● WORK ITEM
Output every record verbatim, and omit each picture.

*** Begin section ***

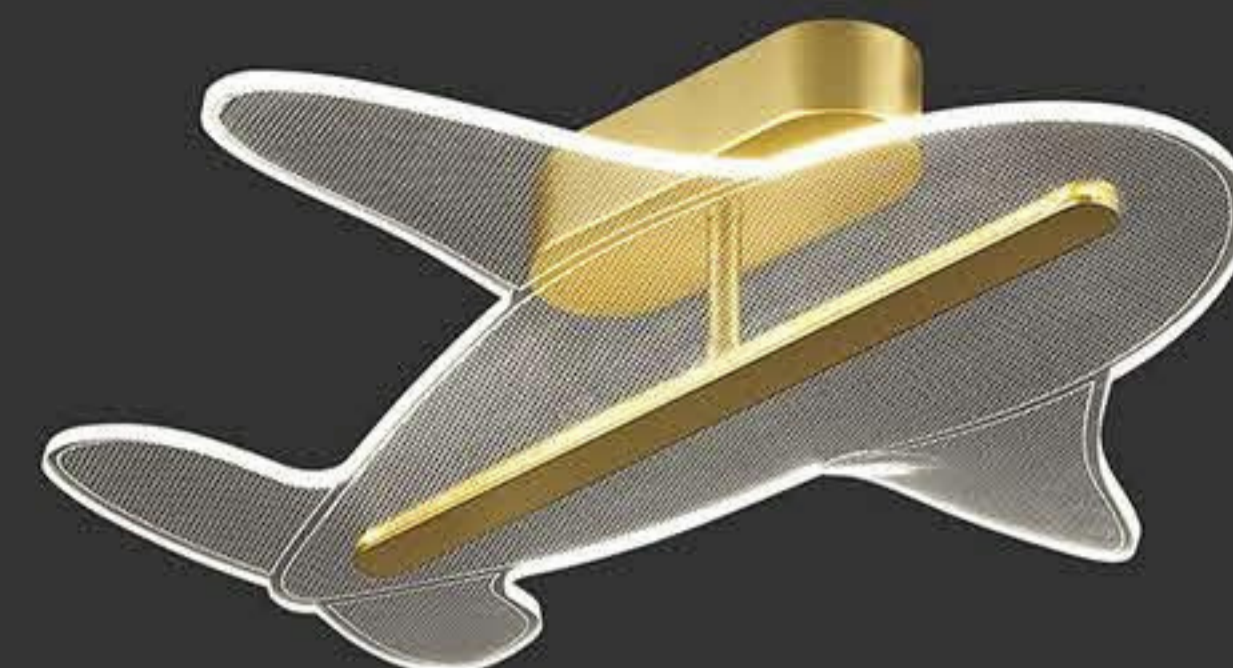

MA05660C-001
power : LED 21W 3000K   size : L420 W420 H113mm
colour : gold   material : iron+aluminum+Acrylic
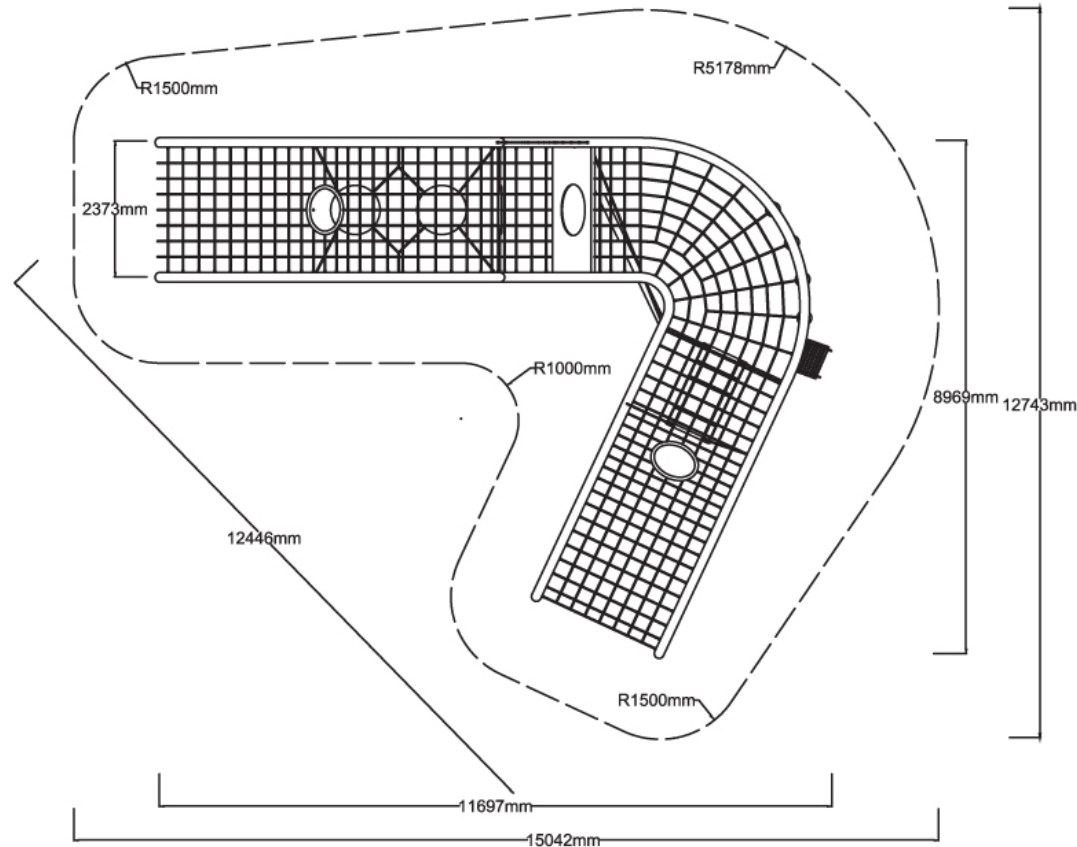

Users 1-61

Specifications

Max Height	2.6m
Fall Zone Area	119.5m ²
Max Fall Height	2.6m
Equipment Size	11.7m(w) x 9m(l) x 2.6m(h)

Materials & Equipment

Structure	Powdercoated stainless steel
Dynamic	18mm steel-reinforced rope, 120mm square jungle rope, Rubber membrane and pommels
Static	Timber or plastic steps

Colours

[Click here](#) to see our Rope and Powdercoat colours or consult colours with Kaebel Leisure.

Side Elevation

Top View

DOWNLOADS

For access to our DWG files and High Resolution Product images, please [Click here](#) to login or create an account.
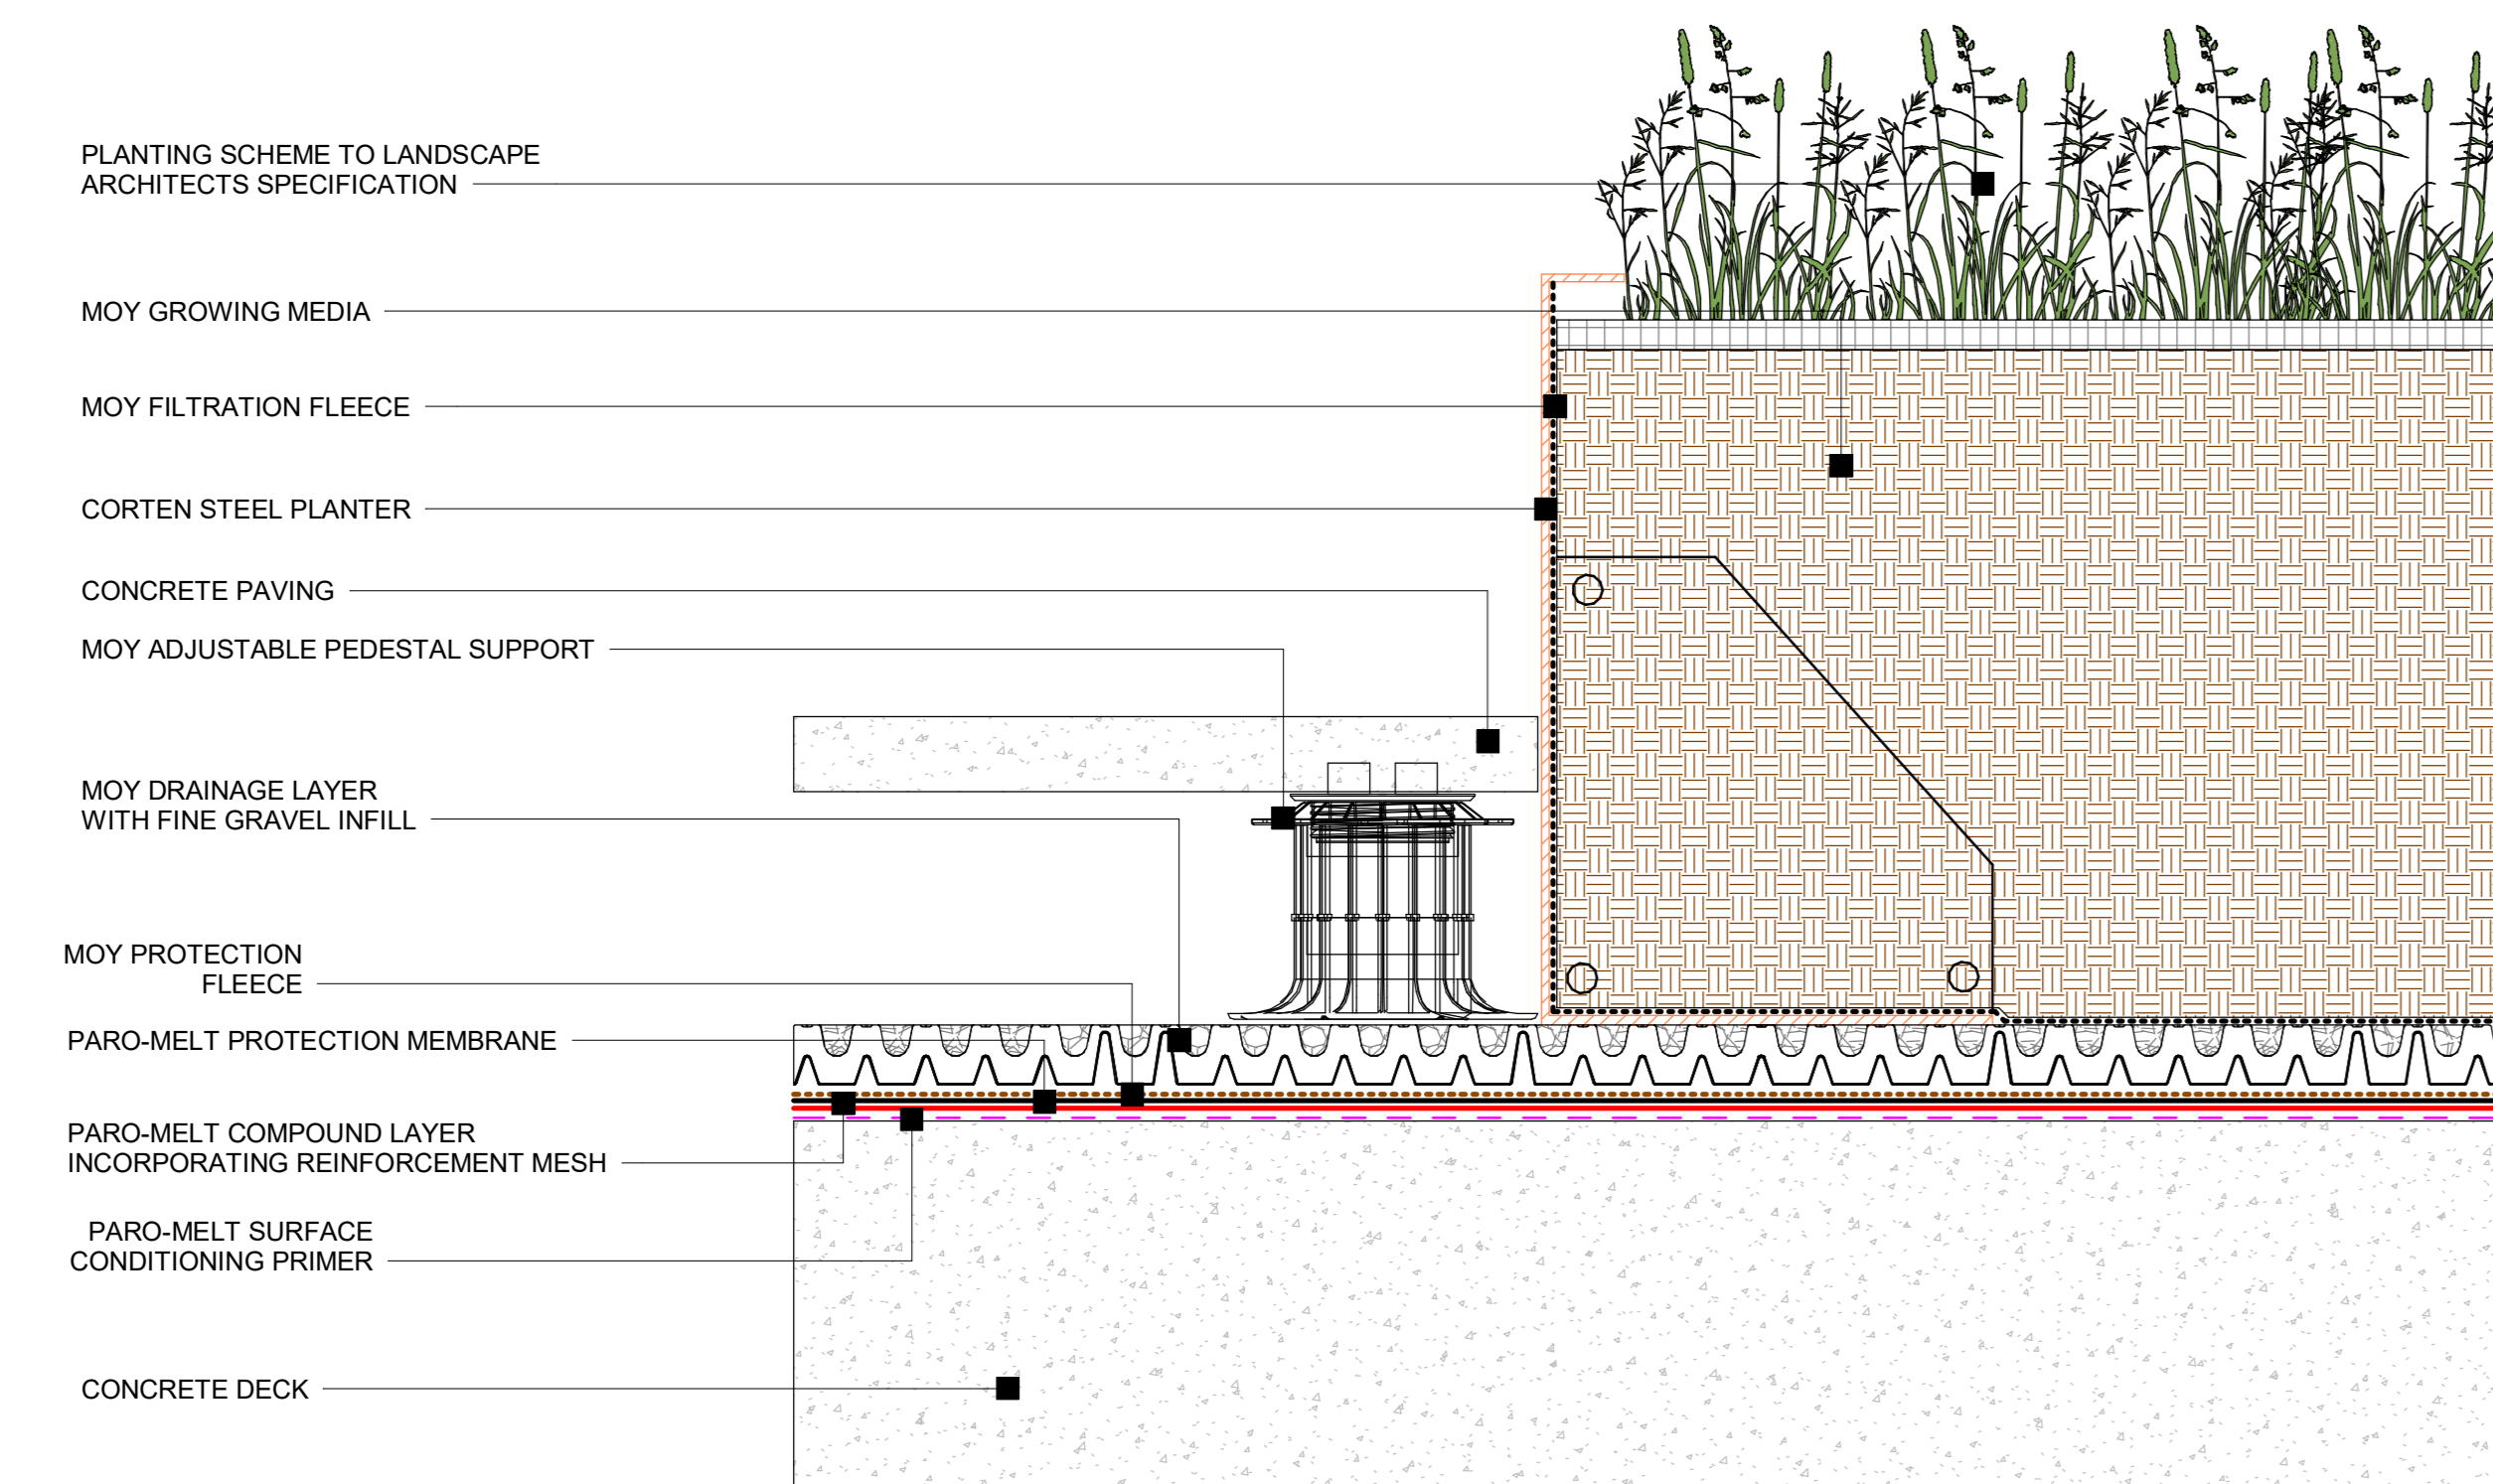

20 Paro-melt System - Kerb to Glass Balustrade / Privacy Screen Detail
1 : 5

21 Paro-melt System - Kerb to Steel Planter detail
1 : 5

22 Paro-melt System - Plastic Vent Pipe detail
1 : 5

Detail:	
Paro-melt - Typical Details	
System Ref:	DWG. NO:
PARO-MELT	PM - CD - 04
Scale:	Date:
1 : 5	05/07/2023

*** End section ***

● SOLUTION FOR THIS EXERCISE
MA05660C-001
power : LED 21W 3000K   size : L420 W420 H113mm
colour : gold   material : iron+aluminum+Acrylic

Users 1-61

Specifications

Max Height	2.6m
Fall Zone Area	119.5m ²
Max Fall Height	2.6m
Equipment Size	11.7m(w) x 9m(l) x 2.6m(h)

Materials & Equipment

Structure	Powdercoated stainless steel
Dynamic	18mm steel-reinforced rope, 120mm square jungle rope, Rubber membrane and pommels
Static	Timber or plastic steps

Colours

[Click here](#) to see our Rope and Powdercoat colours or consult colours with Kaebel Leisure.

Side Elevation

Top View

DOWNLOADS

For access to our DWG files and High Resolution Product images, please [Click here](#) to login or create an account.

20 Paro-melt System - Kerb to Glass Balustrade / Privacy Screen Detail
1 : 5

21 Paro-melt System - Kerb to Steel Planter detail
1 : 5

22 Paro-melt System - Plastic Vent Pipe detail
1 : 5

Detail:	
Paro-melt - Typical Details	
System Ref:	DWG. NO:
PARO-MELT	PM - CD - 04
Scale:	Date:
1 : 5	05/07/2023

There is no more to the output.